BEGIN

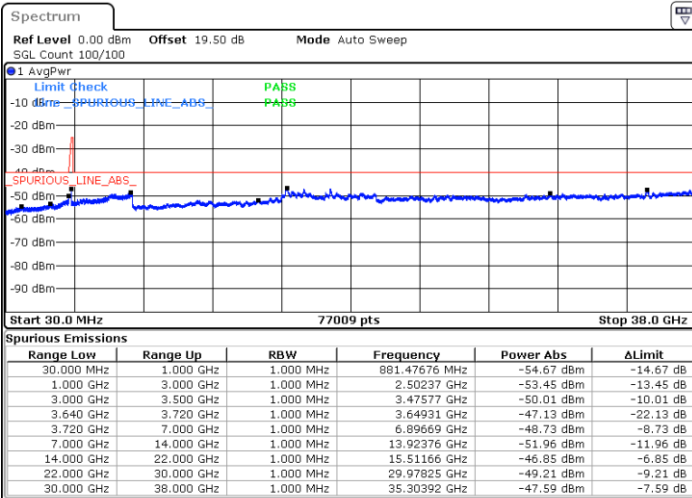

Date: 17.DEC.2021 17:04:06

Blank

LTE Band 48C / 10MHz+20MHz

64QAM

Highest Channel / 1RB0 and 1RB99

Highest Channel / 1RB49 and 1RB0

Date: 17.DEC.2021 17:39:27

Date: 17.DEC.2021 17:37:35

Highest Channel / Full RB

N/A

Date: 17.DEC.2021 17:48:43

Blank

LTE Band 48C / 15MHz+20MHz

64QAM

Lowest Channel / 1RB0 and 1RB99

Lowest Channel / 1RB74 and 1RB0

Date: 17.DEC.2021 21:00:54

Date: 17.DEC.2021 20:51:47

Lowest Channel / Full RB

N/A

Date: 17.DEC.2021 21:02:44

Blank

LTE Band 48C / 15MHz+20MHz

64QAM

END

ASSIGNED TASK - Take from the listing every line in which the word "Highest" appears.

EXPECTED ANSWER -
Highest Channel / 1RB0 and 1RB99
Highest Channel / 1RB49 and 1RB0
Highest Channel / Full RB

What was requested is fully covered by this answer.